I'm the 80s Madonna poster on Frederika Bimmel's bedroom wall.

Offsite Link
by Anonymousreply 76April 27, 2017 5:30 PM

I'm Madonna and I passed on the role of Clarise.

by Anonymousreply 77April 27, 2017 5:52 PM

I'm that gross white junk they rubbed under their noses before the autopsy.

by Anonymousreply 78April 27, 2017 5:57 PM

I'm the big, brown eyes on the young Clarice that break continuity with Jodie's ice blue sparklers.

by Anonymousreply 79April 27, 2017 6:01 PM

I'm the glitter nail polish, looking "like town" to Clarice.

by Anonymousreply 80April 27, 2017 6:06 PM

I'm Brian Cox, I played Hannibal before it was cool.

by Anonymousreply 81April 27, 2017 6:30 PM

I'm Jack Palance's Oscar. I wouldn't exist had Orion Pictures campaigned Hopkins in the Supporting category like they should have.

by Anonymousreply 82April 27, 2017 6:37 PM

r73, quite the imagination you have. Dr. Lecter was in a straight jacket when he was with the pen and later they only showed a metal piece of the pen, possibly the ink cartridge. How did he get the pen and open it, free the piece, all while bound? Sorry folks, big hole in the story.
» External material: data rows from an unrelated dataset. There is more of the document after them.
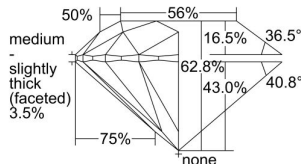

GIA®

FACSIMILE

GIA REPORT 1358657914

Verify this report at GIA.edu

GIA NATURAL DIAMOND DOSSIER®

July 31, 2020
GIA Report Number 1358657914
Shape and Cutting Style ..... Round Brilliant
Measurements ..... 3.70 - 3.73 x 2.33 mm

GRADING RESULTS

Carat Weight ..... 0.20 carat
Color Grade ..... F
Clarity Grade VVS1
Cut Grade ..... Excellent

ADDITIONAL GRADING INFORMATION

Polish ..... Excellent
Symmetry ..... Excellent
Fluorescence ..... Faint
Clarity Characteristics ..... Pinpoint
Inscription(s): GIA 1358657914

PROPORTIONS

Profile to actual proportions

by Anonymousreply 83April 27, 2017 6:48 PM

How did Dr. Lechter know there was a body in the storage locker?

by Anonymousreply 84April 27, 2017 6:56 PM

I'm Clarice's Pinto car that she leans against, crying as Miggs' cum hardens on her face.

by Anonymousreply 85April 27, 2017 6:56 PM

I'm the Evyan skin cream that Clarice usually wore. But not that day.

by Anonymousreply 86April 27, 2017 7:09 PM

I'm Clarice's cheap shoes.

by Anonymousreply 87April 27, 2017 7:11 PM

r82, Lack of screen time aside, Hannibal is such a riveting force throughout the film it deserved to be in the Leading actor category.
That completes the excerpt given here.